A number of things have been moving at speed of late while others are stalled completely. I suppose that's normal enough, but they don't seem to be the right things in each category. Health care changes are screaming past at an unseemly rate that prevents me managing what is going on. The parts of my life that usually move quickly and relatively easily, my day-to-day activities and responsibilities, have lagged almost to a stop resulting in considerable unhappiness in those around me.
I've been spending a bit of time outside despite the recent heat. Jirel and I have been taking walks. It is actually a bit depressing. I feel like I'm saying goodbye to things I can still see. But Jirel is quite happy she doesn't get out enough and likes that fact that there seems to be a different dog or cat or squirrel or chipmunk scent in every yard. To my surprise the neighborhood is fairly lush. We have had a good bit of rain and the 100°F temperatures haven't been able to stunt the flowers. I actually found what I believe to be a lush spray of Edelweiss growing on and around a boulder in a yard about a block away. It must be tended quite carefully, as it doesn't handle these climate conditions well.

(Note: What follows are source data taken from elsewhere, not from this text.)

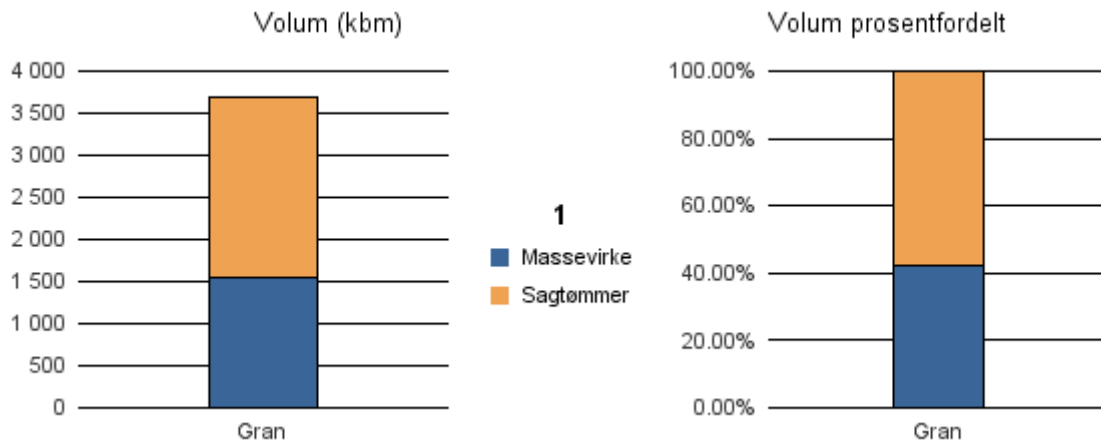

Gjennomsnittspris 2016 (kr/kbm)

	Massevirke	Sagtømmer	Spesial	Ved
Furu	174	#DIV/0		
Gran	197	352		
Lauv	214			224
Gjennomsnitt:	195	#DIV/0		224

1820 ALSTAHAUG

Volum 2016 (kbm)

	Massevirke	Sagtømmer	Spesial	Ved	Vrak	Sum:
Gran	1 542	2 140				3 682
Sum:	1 542	2 140				3 682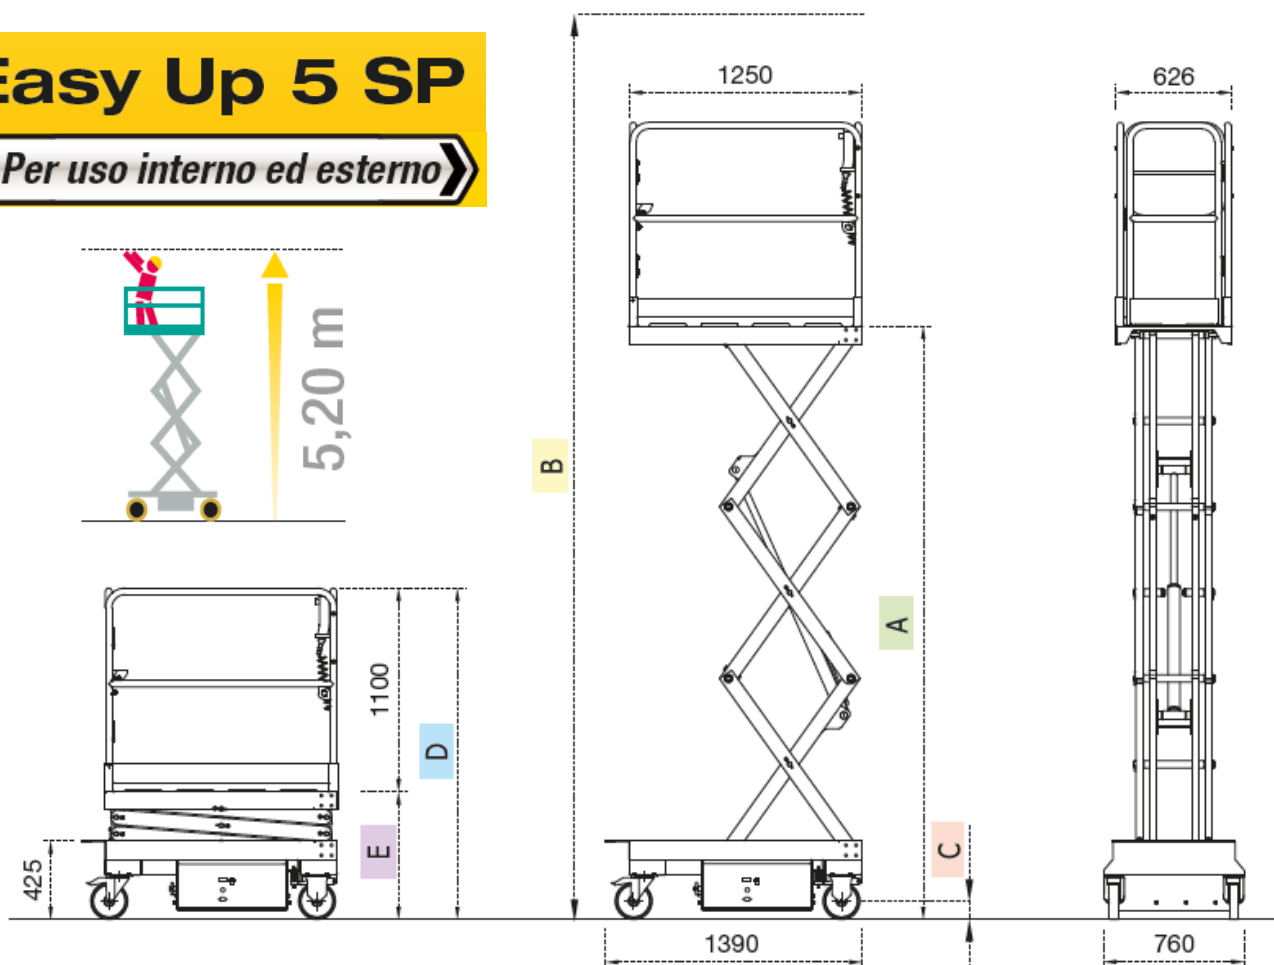

ORSATTINOLEGGIO SRL

Noleggio piattaforme semoventi elettriche e su camion per lavori aerei con e senza operatore - Auto, moto, furgoni e minibus (patente B) senza conducente

Easy Up 5 SP

Per uso interno ed esterno

Scheda tecnica:EASY UP 5 SP

Dati tecnici

Numero di forbici	3
A mm	3200
B mm	5200
C mm	60
D mm	1790
E mm	690
Portata (compresa 1 persona) kg	200
Motore elettrico (kW)	2
Motori elettrici trazione V/kW	24/1
Batteria (V/Ah)	2 x 12/105
Caricabatteria (V)	230
Capacità serbatoio olio (l)	2
Tempo di sollevamento/discesa a carico (s)	17/20
Inclinazione max. laterale/longitudinale (°)	1,5/2,5
Pendenza superabile (%)	25
Velocità di traslazione (km/h)	0 ÷ 4
Velocità di traslazione di sicurezza (km/h)	0,6
Raggio interno di sterzata (m)	0
Raggio esterno di sterzata (m)	1,25
Peso (Kg)	500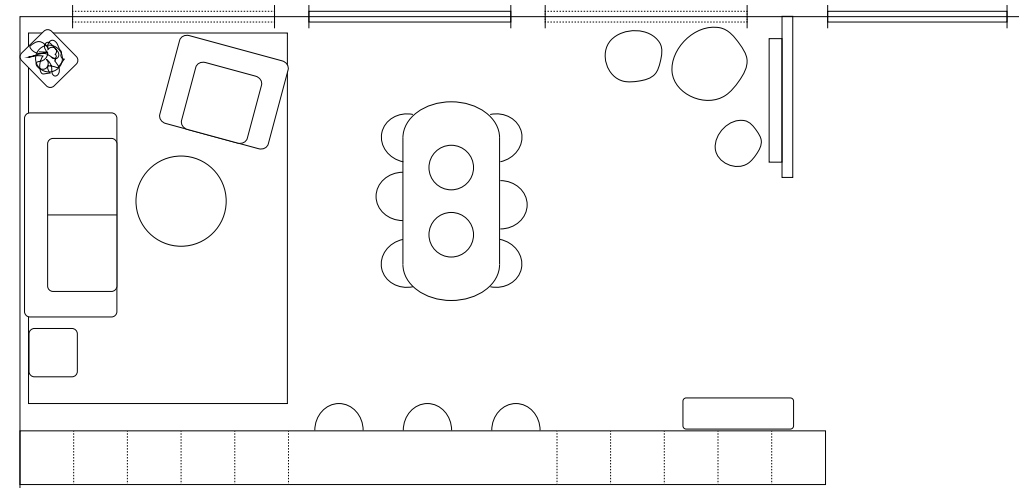

kast & bureau: PLYWOOD, op maat maken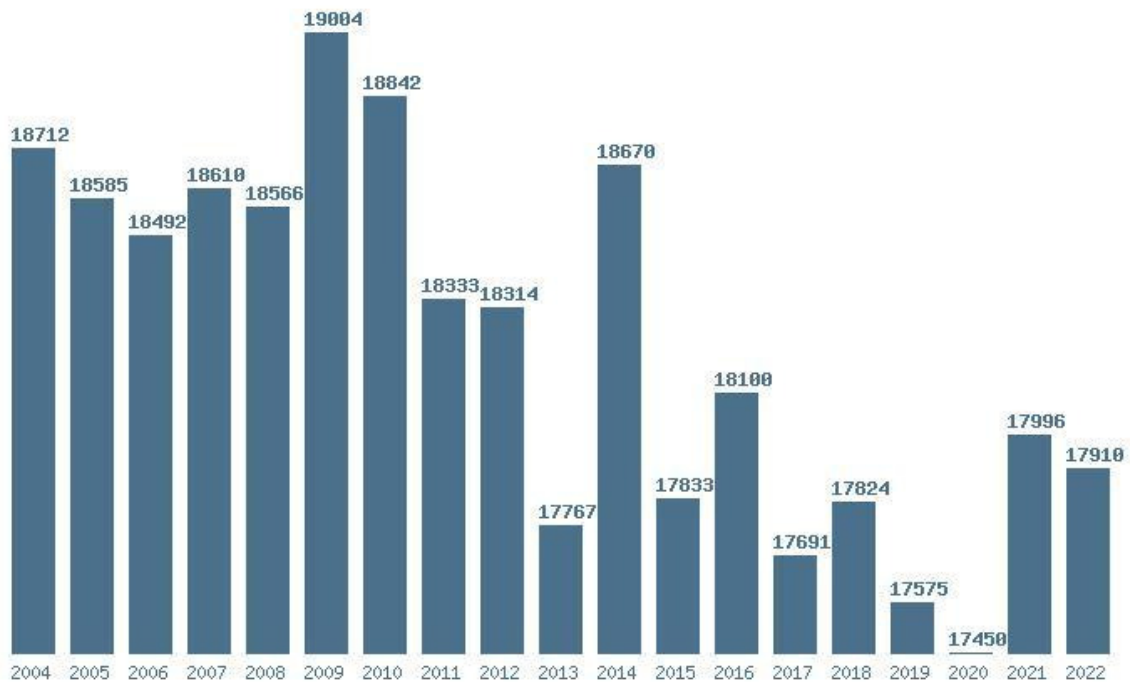

Γραφική παράσταση των βάσεων 2004 - 2022 για τη σχολή:
(219) ΗΛΕΚΤΡΟΛΟΓΩΝ ΜΗΧΑΝΙΚΩΝ ΚΑΙ ΜΗΧΑΝΙΚΩΝ ΥΠΟΛΟΓΙΣΤΩΝ (ΘΕΣΣΑΛΟΝΙΚΗ)

Μέσος Όρος 19 ετίας : 18225
Η μέγιστη Βάση 19 ετίας :19004
Η ελάχιστη Βάση 19 ετίας :17450
Η μέγιστη % αύξηση 19 ετίας :93.7%
Η μέγιστη % μείωση 19 ετίας :4.5%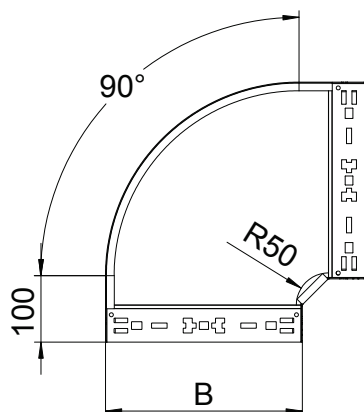

List technických údajů

Oblouk 90° Magic 60

Výr. č. 6041212

OBO
BETTERMANN

Oblouk 90° se systémem rychlospojek. Pro všechny typy kabelových žlabů s výškou bočnice 60 mm.

A4	Nerez, materiál 1.4571
2B	Holé, dodatečně ošetřeno

Kmenová data

Č. výr.	6041212
Typ	RBM 90 660 A4
Označení 1	Oblouk 90°
Rozměr	60x600
Materiál	Nerezová ocel, materiál 1.4571
Zkratka materiálu	A4
Povrch	Holé, dodatečně ošetřeno
Povrch zkratka	2B
Nejmenší prodejní množství	1,00 kus
Hmotnost	493,00 kg/100 ks

Technické údaje

Šířka	600,00 mm
Výška bočnice	60,00 mm
Rozměr B	600,00 mm
Odbočení (úhel)	90°
Provedení spojky	Integrovaná spojka
Tloušťka plechu	1,25 mm
Rozměr	60x600 mm
Vhodné pro zachování funkčnosti	<input type="checkbox"/>
Montážní děrování ve dně	<input type="checkbox"/>
Rozmístění otvorů NATO	<input type="checkbox"/>
Změna směru	vodorovný
Nerezová ocel, mořená	<input type="checkbox"/>
Děrování bočnice	<input type="checkbox"/>
Provedení pro velká rozpětí	<input type="checkbox"/>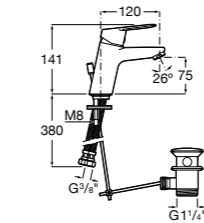

Alfa ®

- **5A3P25C00** Смеситель для раковины с донным клапаном и гибкой подводкой. Cold start.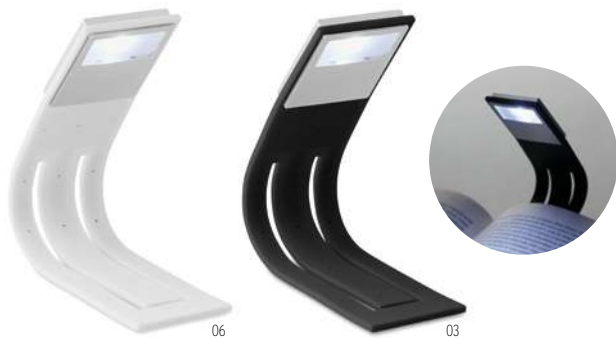

Flexilight MO9460

Lumină pentru citire LED, cu corp flexibil pentru ajustarea ușoară a unghiului. Datorită formei sale subțiri, acesta poate fi folosit ca și marcăj. 2 baterii CR2032 incluse. **Dimensiuni** 20,5x4 cm **Tehnici de imprimare** Tampografie, DO1, DL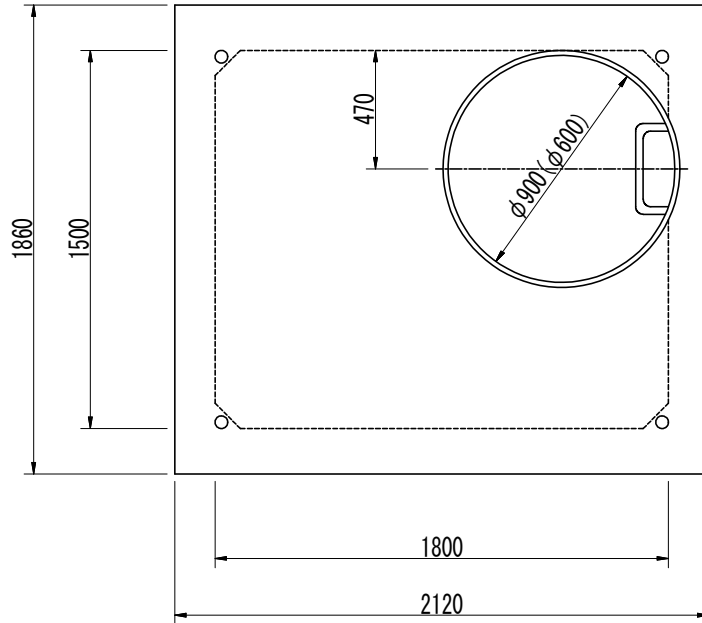

頂 版 ( S )

S=1:30

1000形

頂 版 ( S )

S=1:30

1200形

頂 版 ( S )

S=1:30

1500形

頂 版 ( S )

S=1:30

1800A形

頂 版 ( S )

S=1:30

1800B形

頂 版 ( S )

S=1:30

2000A形

頂 版 ( S )

S=1:30

2000B形

頂 版 ( S )

S=1:30

2200A形

2500B形

頂 版 ( S )

S=1:30

3500形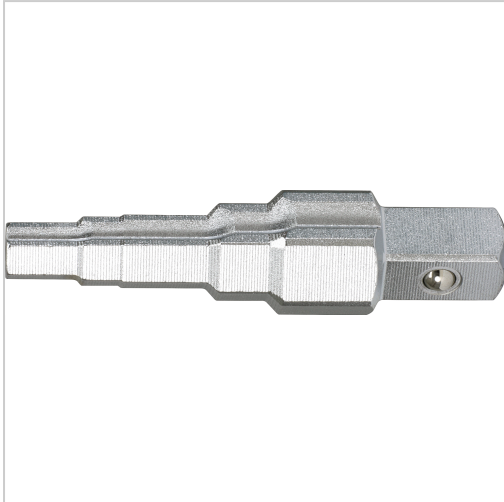

Stufenschlüssel 4-stufig 3/8"-1/2"-3/4"-1"

26,20 €

Preise exkl. MwSt. zzgl. Versandkosten

Artikelnummer: **46667**

Eigenschaften

Einsatz:	für Stufenschlüssel (Art.-Nr. 46665)
Material:	Werkzeugstahl
SW ("):	3/8/1/2/3/4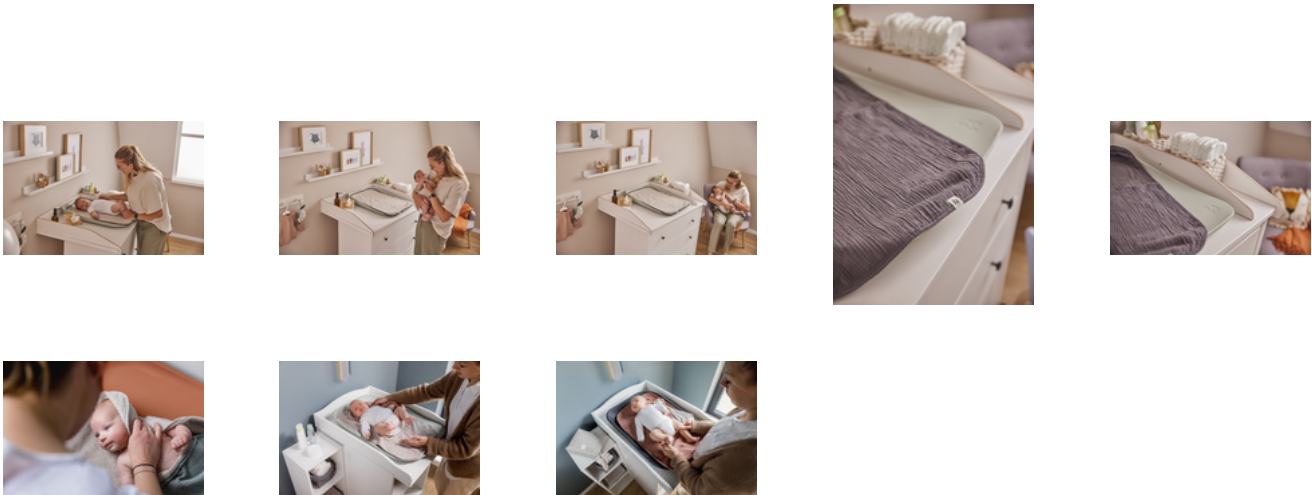

Il telo può essere utilizzato per il cambio del pannolino o come asciugamano per il bambino.

LA MORBIDA MUSSOLA SI UNISCE ALLA SOFFICE SPUGNA

La combinazione intelligente di mussola traspirante e spugna calda assorbente è multifunzionale e sempre delicata per la pelle del bambino.

CHANGING MAT LINER

TELO 2IN1, COPRI-FASCIATOIO E ASCIUGAMANO

Product Images

Lifestyle Images

Changing Mat Liner - Telo 2in1, copri-fasciatoio e asciugamano

Copri-fasciatoio e asciugamano 2in1 in morbida mussola e spugna

Il telo può essere utilizzato per il fasciatoio durante il cambio del pannolino o come asciugamano per il bambino. La combinazione intelligente del tessuto in mussola traspirante e spugna assorbente e calda è multifunzionale e sempre delicata per la pelle del bambino.

It is my favorite flower, I think. The picture is just off the web, I didn't and don't plan to carry a camera on my walks. You should be awarded a third arm and hand when they give you a white cane.
On the home front, one of my immortal aunts seems to be on her last legs. There's really no shortage of them, but I will miss her very much. She is one of the few I've really had a relationship with. It is odd to me that the women of my mother's side seem to live past 100 and the men of my father's side rarely pass 50 (me and my father in the last 16 generations).
I will make efforts at neither poetry nor prose today. I'm just not in the mood. I remember a time when like Jubal Harshaw I had to write to avoid spiritual constipation. It may be a function of my inability to draw forth words with which I should be familiar. Oddly enough, German words come to me easily. Perhaps I'm reverting to my childhood? Today I remembered a joke about a German word. It was inspired by the German WOTD from the lookwayup dictionary.
An American, a Spaniard, and a German were sitting on a park bench. As so often happens, they began to argue the merits of their own languages. The American contended that English could be beautiful and descriptive... take "butterfly". If floats. It flutters. It sounds precisely like the creature it describes. The Spaniard took some exception, advocating "Mariposa" as a much more beautiful word. "Maripoooosa", said he extending the vowels and adding a lilting quality to the word. It is beautiful, it floats, it is soft, it is utterly descriptive of the creature. The German turned a bleary eye on his two companions and simply asked "Somesing ist wrong mit Schmetterling?"
German is rarely a beautiful language. To much saliva being shared. It is probably a precursor of Klingon.